◆ TASK OBJECTIVE:
The answer must consist of every line in the data that contains "thickness".
-- DATASET EXTRACT follows --
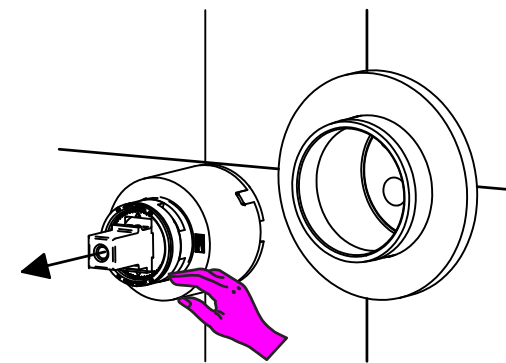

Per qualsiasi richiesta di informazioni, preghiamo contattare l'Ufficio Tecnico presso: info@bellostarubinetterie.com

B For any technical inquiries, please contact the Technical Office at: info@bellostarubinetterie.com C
-- DATASET EXTRACT concluded --
-- DATASET EXTRACT follows --
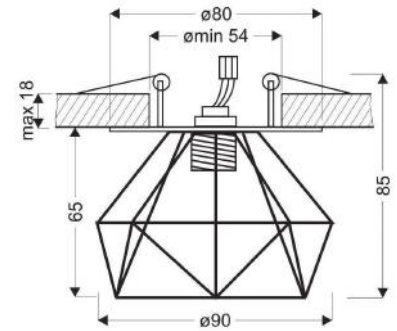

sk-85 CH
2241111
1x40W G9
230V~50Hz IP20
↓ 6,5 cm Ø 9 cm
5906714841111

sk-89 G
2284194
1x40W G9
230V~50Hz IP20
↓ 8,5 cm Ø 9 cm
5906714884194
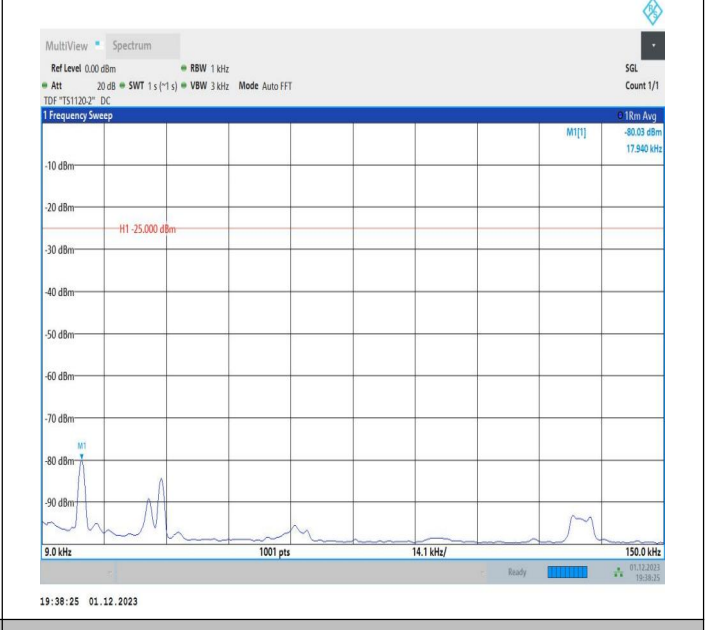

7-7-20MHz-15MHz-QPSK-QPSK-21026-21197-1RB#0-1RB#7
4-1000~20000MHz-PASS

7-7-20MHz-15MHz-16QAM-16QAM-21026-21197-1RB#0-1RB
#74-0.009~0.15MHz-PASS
-- DATASET EXTRACT concluded --
-- DATASET EXTRACT follows --
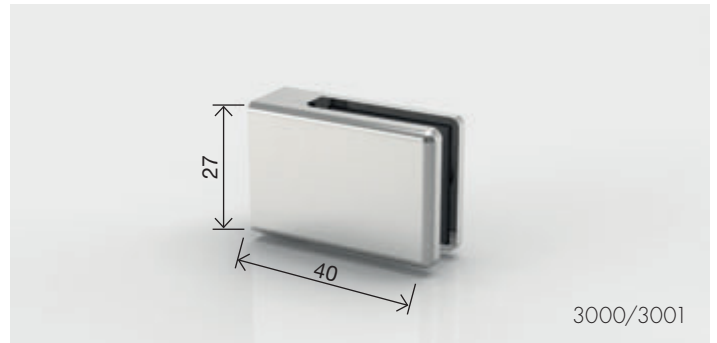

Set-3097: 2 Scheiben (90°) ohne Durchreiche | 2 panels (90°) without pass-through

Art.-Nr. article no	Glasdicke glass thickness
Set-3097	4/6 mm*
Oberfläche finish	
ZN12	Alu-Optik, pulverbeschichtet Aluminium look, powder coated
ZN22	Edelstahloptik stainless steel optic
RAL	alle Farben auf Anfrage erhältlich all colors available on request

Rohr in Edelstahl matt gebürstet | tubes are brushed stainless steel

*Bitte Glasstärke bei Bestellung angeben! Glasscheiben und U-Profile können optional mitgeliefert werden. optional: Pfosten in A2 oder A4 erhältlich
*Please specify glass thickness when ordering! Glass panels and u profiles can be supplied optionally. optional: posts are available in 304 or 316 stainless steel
-- DATASET EXTRACT concluded --
◆ SOLUTION TO THE EXERCISE:
Art.-Nr. article no	Glasdicke glass thickness
*Please specify glass thickness when ordering! Glass panels and u profiles can be supplied optionally. optional: posts are available in 304 or 316 stainless steel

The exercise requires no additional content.